Option 1 is somewhat more straightforward, but it has the disadvantage that only one instance can process the background work. If I want more than one Azure instance to participate in the background work, I don't see any other option than sending HTTP requests from the role to itself, so that the load balancer can delegate some of the work to the other instances.
Maybe there are other options?
EDIT: Some more thoughts about option 2: When the request for the background work comes in, the instance that receives it would save the work to be done in some kind of queue (either Windows Azure Queues or some SQL table which works as a task queue). Then, it would generate a lot of HTTP requests to itself, so that the load balancer 'activates' all of the role instances. Each instance then dequeues a task from the queue and performs the task, then fetches the next task etc. until all tasks are done. It's like occasionally using the web role as a worker role.

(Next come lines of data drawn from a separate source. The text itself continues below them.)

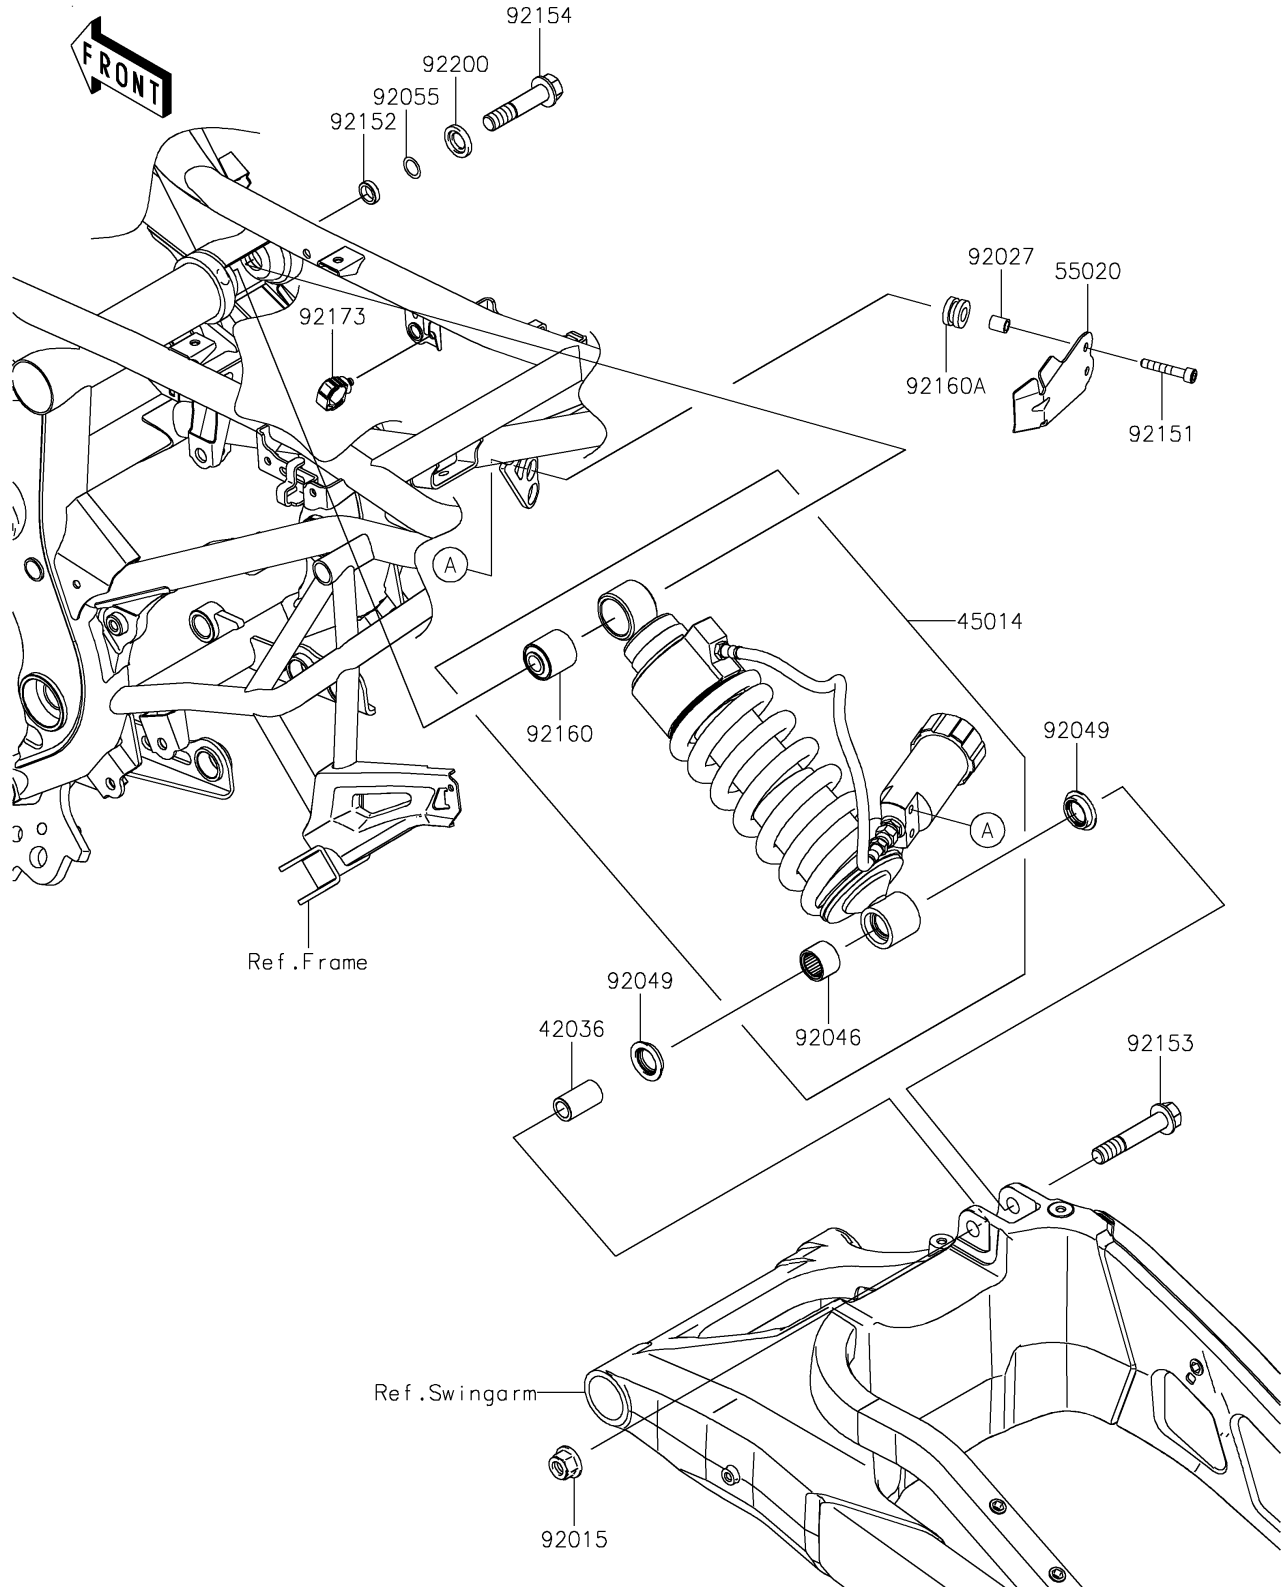

# 2022 VERSYS® 650 PARTS DIAGRAM

Suspension/Shock Absorber

F2151

## 2022 VERSYS® 650 PARTS LIST

### Suspension/Shock Absorber

ITEM NAME	PART NUMBER	QUANTITY
SLEEVE,12.1X18X32 (Ref # 42036)	42036-0024	1
SHOCKABSORBER,BLACK (Ref # 45014)	45014-0722-10	1
GUARD (Ref # 55020)	55020-0977	1
NUT,LOCK,FLANGED,12MM (Ref # 92015)	92015-1433	1
COLLAR,6.8X10X11.5 (Ref # 92027)	92027-1210	2
BEARING-NEEDLE,SFYZM182417 (Ref # 92046)	92046-1272	1
SEAL-OIL (Ref # 92049)	92049-0133	2
RING-O,11.8X2.4 (Ref # 92055)	92055-0843	1
BOLT,SOCKET,6X35 (Ref # 92151)	92151-1390	2
COLLAR,12.1X16.8X4.4 (Ref # 92152)	92152-0811	1
BOLT,FLANGED,12X65 (Ref # 92153)	92153-1767	1
BOLT,FLANGED,12X55 (Ref # 92154)	92154-0289	1
DAMPER,SHOCKABSORBER (Ref # 92160)	92160-1161	1
DAMPER,10X20X12 (Ref # 92160A)	92160-1167	2
CLAMP,HOLDER CLIP (Ref # 92173)	92173-0868	1
WASHER,12.5X24X3.2 (Ref # 92200)	92200-0519	1

I'm aware this approach has a smelly air (abusing web roles as worker roles, HTTP requests to the same web role), but I don't see the real disadvantages.
EDIT 2: I see that I should have elaborated a little bit more about the exact circumstances of the app:
The app needs to do some small tasks all the time. These tasks usually don't take more than 1-10 seconds, and they don't require a lot of CPU work. On normal days, we have only 50-100 tasks to be done, but on 'special days' (New Year is one of them), they could go into several 10'000 tasks which have to be done inside of a 1-2 hour window. The tasks are done in a web role, and we have a Cron Job which initiates the tasks every minute. So, every minute the web role receives a request to process new tasks, so it checks which tasks have to be processed, adds them to some sort of queue (currently it's an SQL table with an UPDATE with OUTPUT INSERTED, but we intend to switch to Azure Queues sometime). Currently, the same instance processes the tasks immediately after queueing them, but this won't scale, since the serial processing of several 10'000 tasks takes too long. That's the reason why we're looking for a mechanism to broadcast the event "tasks are available" from the initial instance to the others.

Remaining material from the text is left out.